- _PROBLEM TO SOLVE_
Only the number is needed: how many lines of the records include "Citybus"?
------------------------
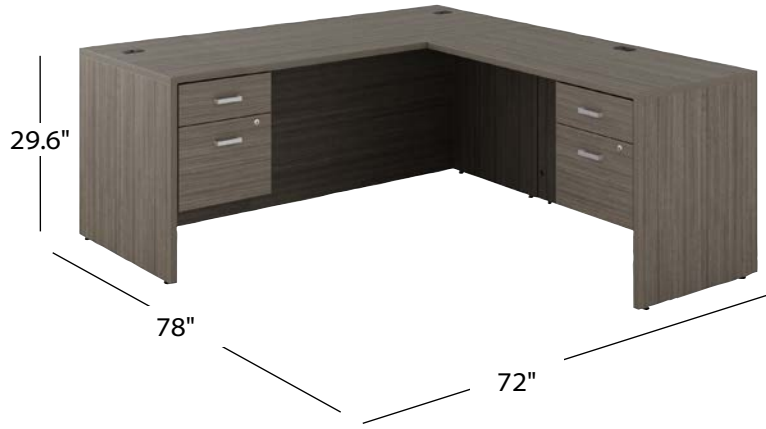

NLP403 - \$2,047

- 1 NL7230D
- 1 NL4224R
- 1 NL23BBF

L-Shaped Desk
with double hanging box/file pedestals
NLP522 - \$2,389
1 NL7230D
1 NL4824R
2 NL23HBF

L-Shaped Suite
with box/box/file pedestal
+ hutch
NLP424 - \$2,779
1 NL7224C
1 NL4824R
1 NL71HO
1 NL23BBF
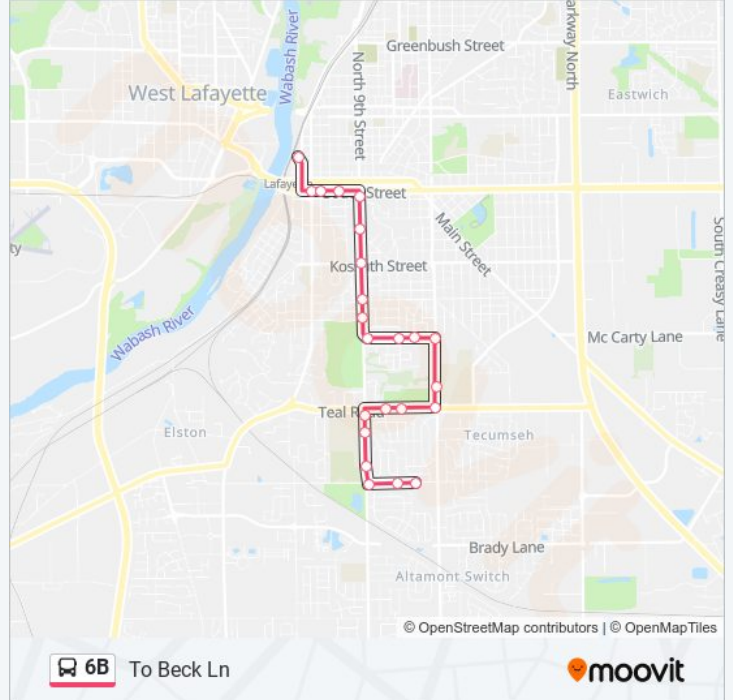

To Beck Ln

Get The App

The 6B bus line (To Beck Ln) has 2 routes. For regular weekdays, their operation hours are:

(1) To Beck Ln: 6:15 AM - 6:15 PM (2) To Citybus Center: 6:27 AM - 6:27 PM

Use the Moovit App to find the closest 6B bus station near you and find out when is the next 6B bus arriving.

Direction: To Beck Ln

23 stops

[VIEW LINE SCHEDULE](#)

- Citybus Center: Bus215
- South St & 4th St (Sw Corner): Bus265
- South St & 5th St (Sw Corner): Bus329
- Tippecanoe Co Public Library on South St: Bus351
- Historical Museum on 9th St (West Side): Bus698
- 9th St & Hitt St (Nw Corner): Bus683
- S 9th St And Kossuth St (Nw Corner)
- S 9th St & Central St (Nw Corner)
- S 9th St & King St (Nw Corner)
- S 9th St & Logan St (Se Corner)
- S 14th St & Logan St (Sw Corner)
- Logan Ave & El Prado Ave (Sw Corner): Bus327sw
- Logan Ave & 18th St (Sw Corner): Bus986s
- 18th St & Jr Hiatt (Nw Corner): Bus815
- Teal Rd & 18th St (West Of): Bus187nw
- Fairgrounds on Teal Rd (Ne Corner): Bus494
- Teal Rd & Crestview Ct (Ne Corner): Bus515
- 9th St & Rosemont St (Nw Corner): Bus316
- 9th St & Sarasota Dr (Sw Corner): Bus693
- Bishop Woods on 9th St (West Side): Bus679
- Beck Ln & 9th St (Southeast Of): Bus537
- Beck Ln & Davis Dr (Sw Corner): Bus521

6B bus Info

Direction: To Beck Ln

Stops: 23

Trip Duration: 12 min

Line Summary:

Edgelea School on Beck Ln (West Drive): Bus682s

Direction: To Citybus Center

20 stops

[VIEW LINE SCHEDULE](#)

Edgelea School on Beck Ln (West Drive): Bus682s

Beck Ln & 18th St (West Of): Bus776

18th St & Iroquois Trl (Se Corner): Bus738

18th St & Jr Hiatt Dr (Ne Corner): Bus198

Logan Ave & 18th St (West Of): Bus986n
------------------------
- _PROBLEM SOLUTION_
3